◆ Task to complete ◆
Could you repeat every line below exactly, skipping the images?

- - - - -

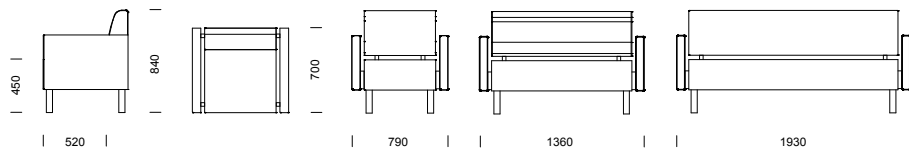

CRICKET med armstöd
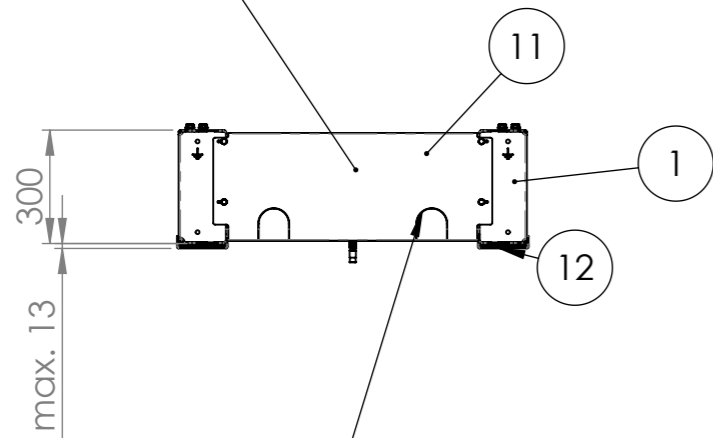

Optie: Bedrijfslogo

Breekgaten voor kabels

DETAIL A
SCALE 1 : 10

ROEF
TOP PRODUCTS

ROEF B.V.
Zwolleweg 5
3771 NR
Barneveld

Maateenheid:
millimeter

Amerikaanse
Projectie

Opmerking :

Order/bon nr:

Omschrijving:
Onderframe - set variabele hoogte Mars erasmus

Tekening nr: 359-A-ROEF

Schaal: 1:20

Datum:

Tekenaar: Roderik Vreeke

A3

- - - - -

◆ Answer box ◆
CRICKET med armstöd

Optie: Bedrijfslogo

Breekgaten voor kabels

DETAIL A
SCALE 1 : 10

ROEF
TOP PRODUCTS

ROEF B.V.
Zwolleweg 5
3771 NR
Barneveld

Maateenheid:
millimeter

Amerikaanse
Projectie

Opmerking :

Order/bon nr:

Omschrijving:
Onderframe - set variabele hoogte Mars erasmus

Tekening nr: 359-A-ROEF

Schaal: 1:20

Datum:

Tekenaar: Roderik Vreeke

A3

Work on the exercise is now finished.